An overview of the Ascent platform (Source)
AI: Lakeside AI enables organizations to deliver AI-ready data without needing a full migration to a lakehouse architecture. Through federated access, it helps to explore data in existing systems and brings only the most relevant datasets to the lakehouse when needed.
Data Analytics: SQLRooms is a React-based open-source framework that enables the building of data-centric applications using DuckDB. It allows quick, local analytics by directly interacting with file formats such as Parquet, Avro, and CSV through SQL. Ideal for dashboards, data exploration, and prototyping. A high-performance alternative to a database-backed app.

🗓 DET NYC Meetup on Sept 25

Attention, New Yorkers! You asked for it, and it's finally here: we are officially launching the DET NYC Meetup! Join the first NYC meetup on Sept 25th for an evening of learning, networking, and fun. Big thank you to Capital One for providing the venue and refreshments for the event.

When: 6:00 PM to 8:00 PM on Thursday, Sept 25th
Where: Capital One's NYC office
👉🏼 RSVP

To stay tuned for all future NYC events, make sure to join the meetup group (clicking the “Subscribe” button on the top right).

We are also looking for volunteers to help organize NYC meetups.

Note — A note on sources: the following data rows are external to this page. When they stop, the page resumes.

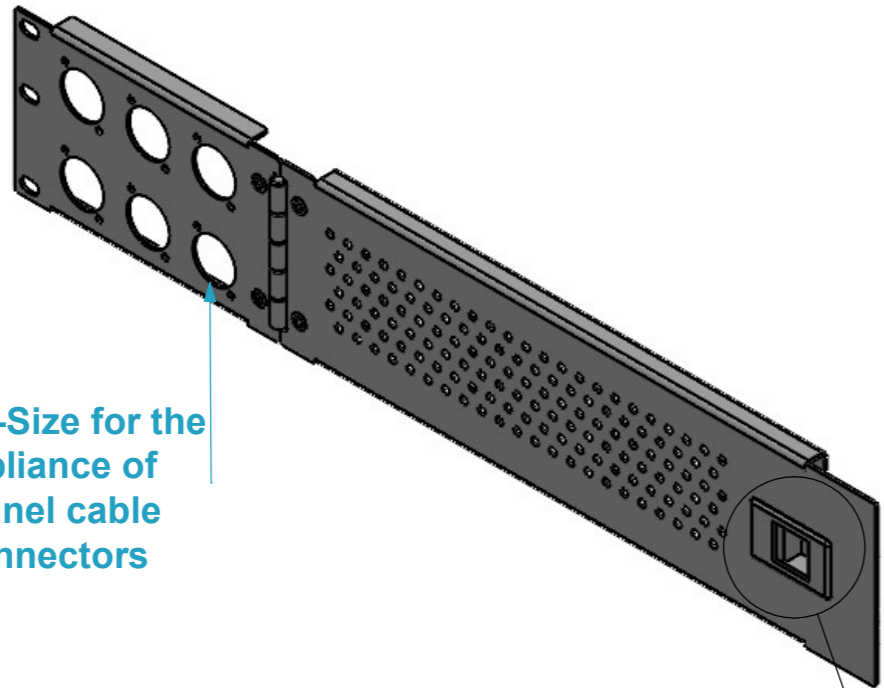

### Dimensions

<b>Width</b>	<b>Depth</b>	<b>Height</b>
483	13	89
<b>Weight</b>	Approx. 0.25 Kg	

(6x) D-Size for the appliance of pannel cable connectors

RCS.0#60  
 Rack Compact Sliding, #U  
 510-ARR  
 (\*)

Free access to compact spaces

Plastic slide lock

(easy, secure and versatile use)

(\*) Related optional items, not included

General External Dimensions	
W	Width
D	Depth
H	Height

Drawn by	Name	Date
alvaro.santos	alvaro.santos	22/05/2026
Reference	RKPD.D06.2U	
Scale	units in mm	general tolerance
1:3	DO NOT SCALE	0.8mm
1st Angle projection	Porta ventilada com furação D-Size 2U (6x D-Size)	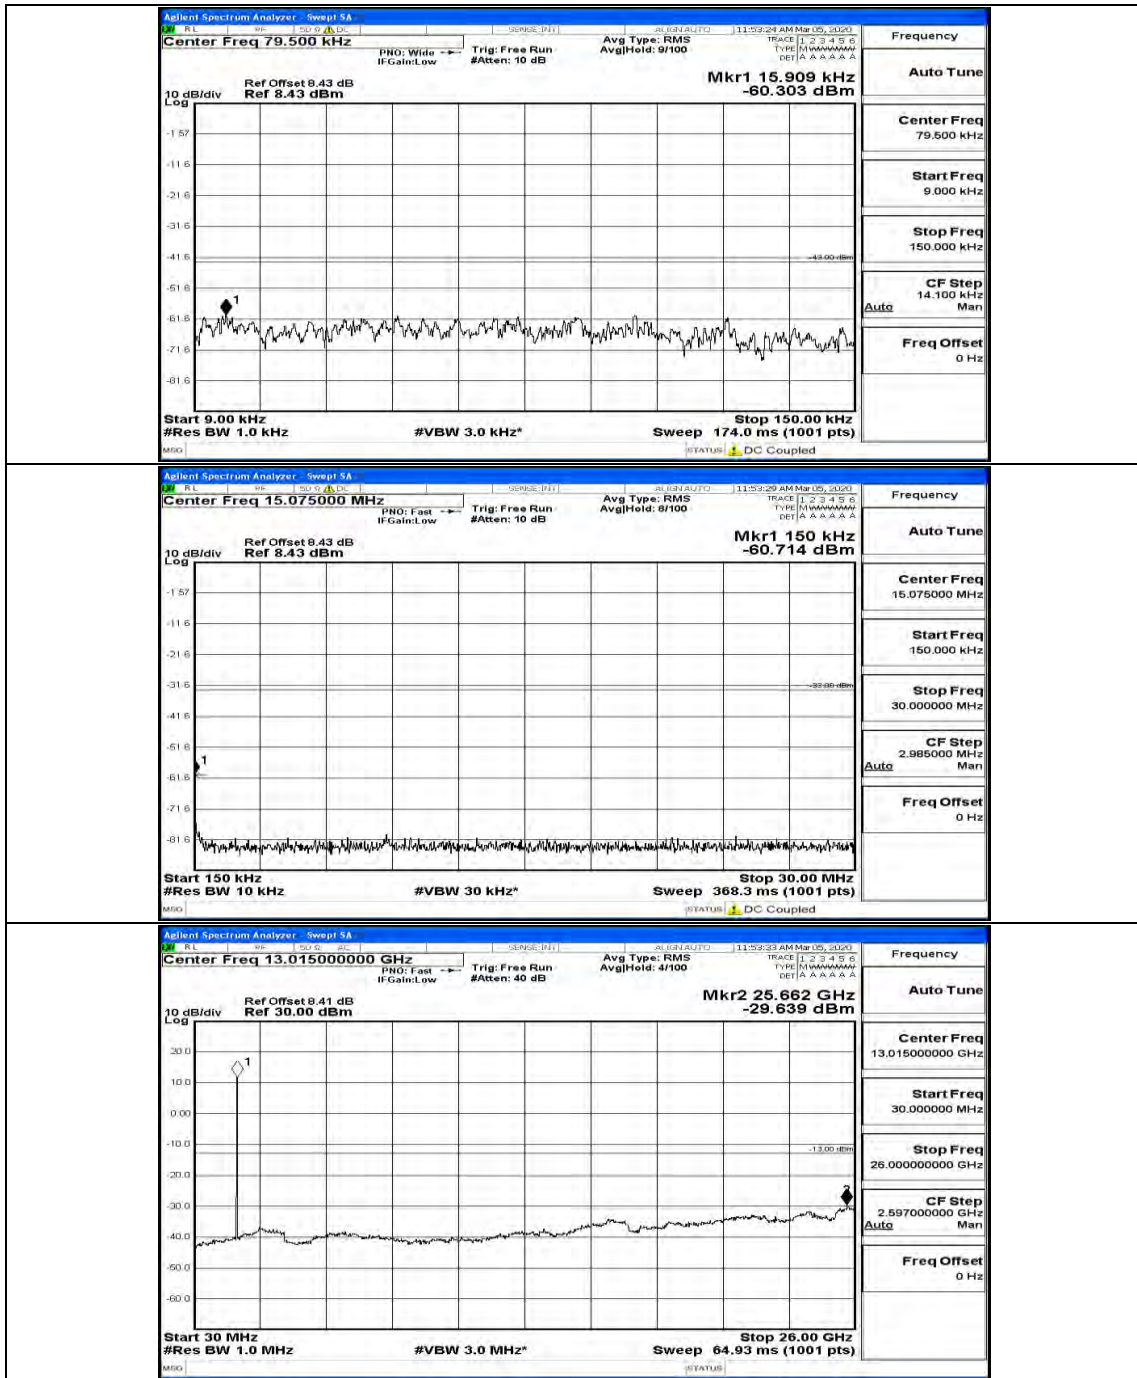

(Channel Bandwidth: 5 MHz)\_HCH\_QPSK\_1RB#0

(Channel Bandwidth: 5 MHz)\_HCH\_QPSK\_1RB#12

(Channel Bandwidth: 5 MHz)\_LCH\_16QAM\_1RB#0

(Channel Bandwidth: 5 MHz)\_LCH\_16QAM\_1RB#12

(Channel Bandwidth: 5 MHz)\_MCH\_16QAM\_1RB#0

(Channel Bandwidth: 5 MHz)\_MCH\_16QAM\_1RB#12

(Channel Bandwidth: 5 MHz)\_HCH\_16QAM\_1RB#0

(Channel Bandwidth: 5 MHz)\_HCH\_16QAM\_1RB#12

Channel Bandwidth: 10 MHz

Channel Bandwidth: 15 MHz

(Channel Bandwidth:15 MHz)\_MCH\_QPSK\_1RB#0

(Channel Bandwidth:15 MHz)\_MCH\_QPSK\_1RB#37

(Channel Bandwidth:15 MHz)\_HCH\_QPSK\_1RB#0

(Channel Bandwidth:15 MHz)\_HCH\_QPSK\_1RB#37

(Channel Bandwidth:15 MHz)\_LCH\_16QAM\_1RB#0

(Channel Bandwidth:15 MHz)\_LCH\_16QAM\_1RB#37

Contact Sanchit Burkule if you want to be part of the team.

(🎤 Interested in speaking at our meetups or online webinars? Submit talk proposals here.)

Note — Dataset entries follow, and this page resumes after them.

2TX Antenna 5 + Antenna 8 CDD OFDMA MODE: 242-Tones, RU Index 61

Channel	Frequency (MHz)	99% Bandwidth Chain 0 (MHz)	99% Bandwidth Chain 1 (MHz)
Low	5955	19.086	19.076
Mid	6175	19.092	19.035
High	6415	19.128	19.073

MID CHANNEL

🎬 Webinar: Improving Airflow Data Pipeline Reliability

At Astronomer, a team of just five data engineers manages 27,000 daily tasks, powering 18+ data products. In this webinar (11 am ET, Aug 21st), Maggie Stark, Staff Data Engineer at Astronomer, will share how her team reduced DAG failure rates by 81%:

Using Airflow Asset scheduling to prevent upstream dependency issues
Orchestrating cross-DAG dependencies with a Control DAG
Implementing centralized observability to monitor SLAs and debug faster

👉🏼 Sign up for the webinar HERE.

(This message is sponsored by Astronomer.)

🔖 Featured Read

Data Modeling for Data Products: A Practical Guide

Author: Mahdi Karabiben

Rethinking Data Modeling for the Age of Data Products
As data teams embrace product thinking and business-driven use cases, this article explores how to shift from rigid, monolithic models to adaptive, use-case-focused designs that evolve with the business. A data product is a curated, reliable dataset designed to serve a specific business purpose or use case.

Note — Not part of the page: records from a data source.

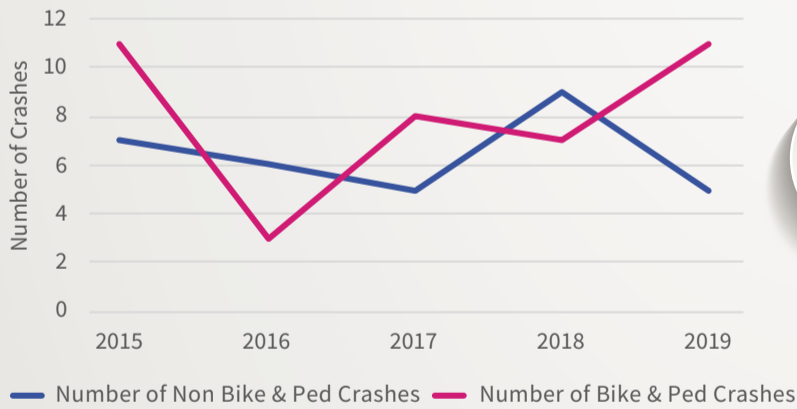

CORRIDOR METRICS

Veirs Mill Road

Transit Coverage

Bicycle Facility Type Totals (Miles)

Number of Serious and Fatal Crashes

Average Weekday Travel Time

Approach to modeling data products:

Understand the “why” (core business needs and key business metrics)
Build the conceptual model (Business domains and how they relate to each other) and get the stakeholder buy-in.
Define the logical model at the domain level.
Adopt distributed ownership (Universal conceptual model with domain-specific modeling autonomy).
Data products and models must evolve continuously through incremental development.
Build a metric tree to connect business goals to underlying data components.
Create a semantic layer that maps business metrics to data, ensuring consistency, governance, and simplified access for users.
Use entity-centric modeling with enriched, denormalized tables to simplify queries and boost performance.

👉🏼 Read the full article HERE.

📚 Articles of the Month

DoorDash's realtime processing platform with Iceberg: Learn how DoorDash changed their architecture (Kafka → Flink → S3 → Snowpie → Snowflake) to include Iceberg (Kafka → Flink → Iceberg + S3) for their real-time processing platform (30 million messages per second) and saved 25-49% in storage costs, enabled concurrent writes, utilized hidden partitioning and increased the operational ability using query engines like Trino.
Database Sharding: Key Strategies: Sharding is a horizontal scaling technique used to distribute the load of a single database server across multiple machines, thereby spreading the data and query load evenly. This article explores the core concepts of database sharding, including its importance, how it functions, and the trade-offs involved.
Mussel - Airbnb’s Key-Value Store for Derived Data: An excellent article on how Airbnb uses Mussel to store derived data efficiently, achieving 99.9% availability, average read QPS (Queries per second) > 800k and write QPS > 35k, and average P95 read latency less than 8ms.
Speed Without Understanding - One of the Biggest Risks in Data Engineering: Rushing to implement changes without a complete understanding of the effect of changes is a huge risk in data engineering. Even small changes require thorough investigation and communication across teams, as this helps pinpoint unintended consequences.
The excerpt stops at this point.